TL;DR: It's difficult and complicated

. Lots of detail info you probably didn't want to know.
For reference: I play Odyssey with an HP Reverb G2 on a Ryzen 9 5900X with a 3080 Ti. Like every VR player, I've spend ages fiddling around trying to find the best middle ground between looks and performance. Also, I play exclusively in VR, never on the flat screen.
What your experience ends up being like depends on a few factors (leaving changing hardware aside); the major ones I can think of are the type of headset and thus software platform you're running on, your expectations on visual fidelity and your tolerance to frame rate. Whenever anyone says "it runs horrible" or "it runs perfectly for me" you have to take it with a grain of salt and put it in context with those people's tolerance to visuals and/or frame rate.
Personally, I've ended up with settings that look good enough for me, and I've made my peace with not running 90 fps in every situation; in fact everywhere except open space, I get reprojected 45 fps and I am fine with it. Settings wise, I run a mix of ultra, high and medium settings (can't really remember the details right now), and I run my G2 at 50% in SteamVR, which results in a render resolution in the ballpark of 2200x2200 or so per eye, if I remember correctly, so little to no oversampling (the G2 has a resolution of 2160x2160 per eye). More looks a bit better up to about 80%, but it quickly tends to tank the performance even in light situations, and from 80% upwards I hit diminishing returns and
I cannot see a difference. So I settled on 50% in favor of mostly good performance. There are other people here who crank the heck out of all settings, running the same headset I have on the same hardware on 150% at a resulting 30 fps, and say it runs perfectly for them. Others dial the settings way down because they cannot stand reprojection or dropping below their headset's native refresh rate for a nanosecond. People are very different.
There are also areas where my frame rate absolutely tanks, and there is little I can do about it; this is in places like shipyards, where 20 or 30+ NPC ships are around, at outpost and planetary AXCZs, and at the spire sites. Those are the potential areas where your frame rate will tank no matter what; at the spire sites, I get regular drops down to 30 fps or so. It sucks, but I kind of gotten used to it. Your mileage may vary.
There's also the different platforms to take into consideration. Elite has native support for OpenVR and Oculus, but not OpenXR. My G2 is a WMR headset, so there are additional "translation" layers involved that are a possible source of performance issues (there used to be a brilliant article and image explaining all that on the OpenXR toolkit website, but sadly that page doesn't exist anymore, but it's available on the
wayback machine). It's very possible that people running on native oculus have way less issues than I have running the G2 through steamvr.
About the screens and the screen resolution: I do not switch between VR and flat, I only play in VR. For that reason I run the desktop window in 720p unless I plan to record something, then I switch it to 1080p.

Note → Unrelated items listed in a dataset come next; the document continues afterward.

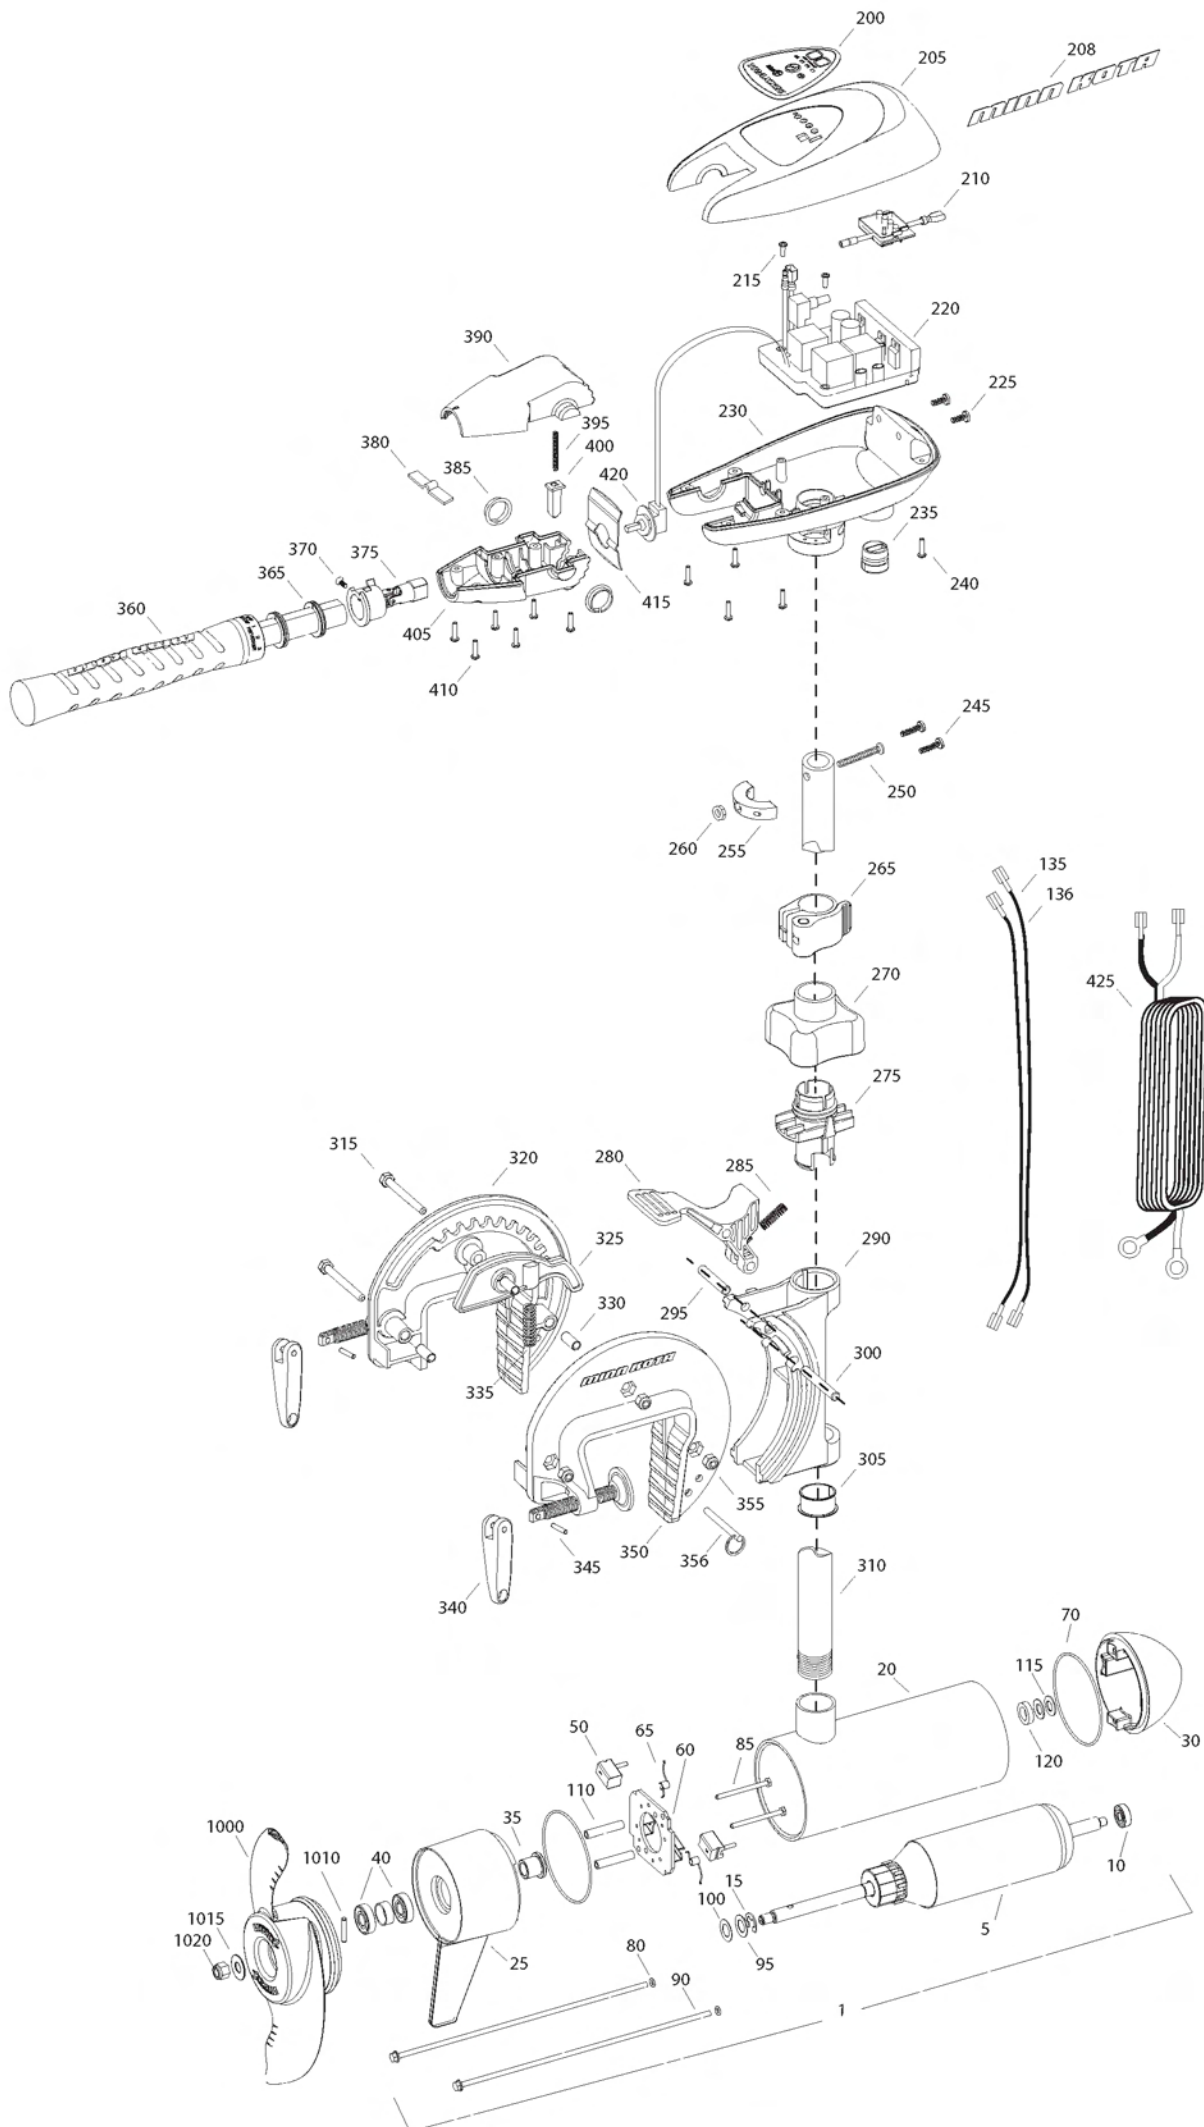

RT101/T
101 LBS THRUST
36 VOLT 46 AMPS
52" SHAFT

for use with "M" serial numbers
2-year warranty

Item	P/N	Description	Qty	Item	P/N	Description	Qty	Item	P/N	Description	Qty
1	2316288	36V Motor 52" SW	1	■	2991798	Bracket assy, Aluminum [270-356]	1	■	1378132	Propeller kit WW2	
5	2-100-216	Armature assembly	1	270	2060100	Knob, steering tension, soft	1	■	2994876	Propeller bag assy	
10	140-010	Bearing	1	275	2068400	Collet	1	1000	2331160	Propeller WW2	1
15	788-040	Retaining ring	1	280	2064200	Lock arm	1	1010	2262658	Drive pin, large	1
20	2-200-310	Center housing assembly	1	285	2062701	Spring, lock arm	1	1015	2091701	Washer, prop, large	1
25	2-300-340	Brush end housing assembly	1	290	2061821	Hinge	1	1020	2198401	Nut, nylock, prop, Anode	1
30	421-376	Plain end housing assembly STD	1	295	2062603	Pin, lock, ss	1				
35	144-017	Flange bearing	1	300	2062603	Pin, lock, ss	1				
40	880-025	Seal	2	305	2037301	Bushing, hinge	1				
50	188-094	Brush	2	310	2002014	Tube 52"	1				
60	9-738-004	Brush plate assembly	1	315	2063501	Bolt 1/4-20 x 2 3/8", ss	3				
65	975-041	Brush spring	2	320	2771949	Bracket, right, SW	1				
70	701-043	O-ring, motor	2	325	2067905	Cam deactivator	1				
80	701-009	O-ring, thru-bolt	2	330	2067306	Bushing, dowel 1/4 x 1/2	3				
85	830-027	Screw, 10-32 x 2	2	335	2062702	Spring, cam deactivator	1				
90	830-096	Thru-bolt	2	■	2771303	Clamp screw kit	2 per kit				
95	990-051	Washer, steel	2	340	2050925	Handle, clamp	2				
100	990-052	Washer, nylatron	2	345	2052625	Roll pin	2				
110	973-025	Spacer, brush plate	2	350	2771948	Bracket, left, SW	1				
115	992-010	Washer, Belleville	2	355	2263103	Nut, 1/4-20, nylock, ss	3				
120	992-045	Spacer, thrust	1	356	2062604	Pin, stop	1				
135	640-018	Leadwire, black	1								
136	640-123	Leadwire, red	1	■	2990957	Handle assy, VARS [360-410]	1				
■	2889460	Seal and O-ring Kit		360	2990456	Grip/handle assy, VARS [360-375]	1				
				365	2060015	Bearing, handle	2				
200	2095604	Decal, c-box cover	1	370	2063405	Screw, #6 PFH SS	1				
205	2060296	C-box cover	1	375	2884092	Yoke / spider assy, VARS	1				
208	2325666	Decal - MinnKota	2	380	2302742	Spring, detent, off	1				
210	2074082	Battery meter, 36v SW	1	385	2060005	Bearing, handle pivot	2				
215	2043427	Screw, #8 x 7/8 SS	2	390	2060900	Handle pivot, top	1				
220	2184017	Control board, 24/36v	1	395	2302745	Spring, release button	1				
225	2303434	Screw, #8-30 x 5/8 SS	2	400	2063700	Button, release	1				
230	2062503	Control box, VARS, SW	1	405	2060905	Handle pivot, bottom	1				
235	2062905	Strain relief	1	410	2303412	Screw, #6 x 5/8 SS	6				
240	2303412	Screw, #6 x 5/8 SS	6	415	2062715	Spring, handle pivot	1				
245	2263434	Screw, #8 x 1 SS	2	420	2061700	Washer, pot holder	1				
250	2383407	Screw, #10-24 x 2 SS	1	425	2992523	Leadwire assy, includes [235]	1				
255	2061517	Collar, c-box	1								
260	2383124	Nut, 10-24, nylock, SS	1								
265	2991521	Cam lock/depth collar assy	1

I think the desktop window is basically the right eye (?) before applying the distortion for the lenses, so there's probably little to no gain in reducing it below 1080p or 720p, and every claim of that is probably the placebo effect

(lots of "I did this and my frame rate improved drastically!" claims probably are).
What can hurt the performance might be the number of screens you have going, physical and virtual. Out of the box, WMR creates six virtual screens, I guess that is for app pinning or something, and it
felt like that hurt performance. I disabled this screen allocation through the WMR and it felt better. But, again, it's a
feeling, not a measured improvement.
Anyway, I run Elite along with my two physical screens, and it's okay within the constraints I described above. Depending on what headset you get and what platform it runs on, I would guess having two physical screens is probably near the bottom of the list of potential performance problems you might run into.

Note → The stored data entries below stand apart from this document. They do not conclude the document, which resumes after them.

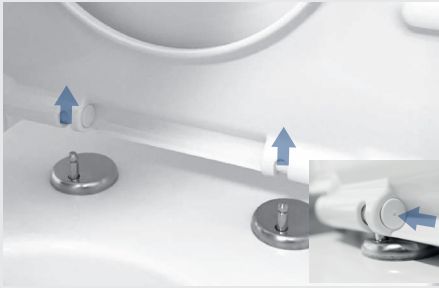

White wall-hung bidet

code **888245**

- Material: Vitreous China
- Shape: Rectangular
- Concealed fixing
- CE Marking.

Toilet seat cover 01

code **888262**

- Material: Duroplast
- Shape: Rectangular
- Antibacterial;
- Top fixation - top fastening system
- Soft-close.

Lake

LAKE

wall-hung

seat cover with **CLIPP-OFF** system for perfect cleaning

strong seat cover with **SOFT-CLOSE** system

RIM-OFF toilet without closed rim

sewer and water connections with **glazed finish**
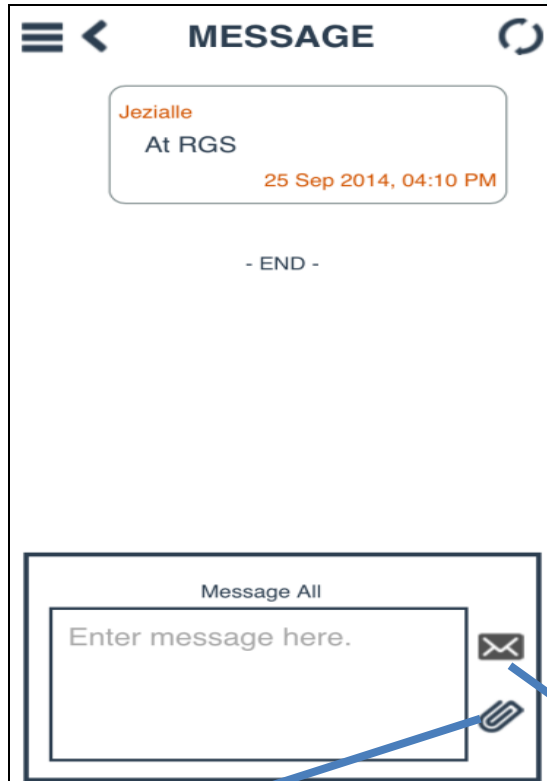

(Including letters. Only for the 1st time)

Tap the head icon and it will register you as a user

Default Password: **123456**

ACCOUNT LOGIN

snaapp
SCHOOL NOTIFICATION & ATTENDANCE APP

New user setup, please enter user ID.

1	2	3
4	5	6
7	8	9
⊗	0	👤

Please enter user id

👤

Step 2: Change Password

Please keep your personalised password to **4 – 6 digits**

Messages via SNAAPP

Private Reply

Tap on the message and text box will appear at the event the parent wants to reply to the teacher

Send

Read only message

Take and attach pictures

BE 21st CENTURY READY!

Parents to ensure profile updated

MY PROFILE

Name

(P1) ANG YAN NING

Getting Elite to run to your personal satisfaction can be a journey. But, whatever you do and whatever settings you choose: Disable any ingame upscaling. It looks terrible in VR, can cause visual artifacts and doesn't really help your performance/visuals balance.
Also, be aware that all on foot activity is not VR, it is 2D displayed in your HMD on a large virtual screen. Personally, I made my peace with that and prefer playing on that virtual screen to disrupting my play session, taking off the helmet, walking to my desk and switch to pancake play - my VR seat is not at my desk.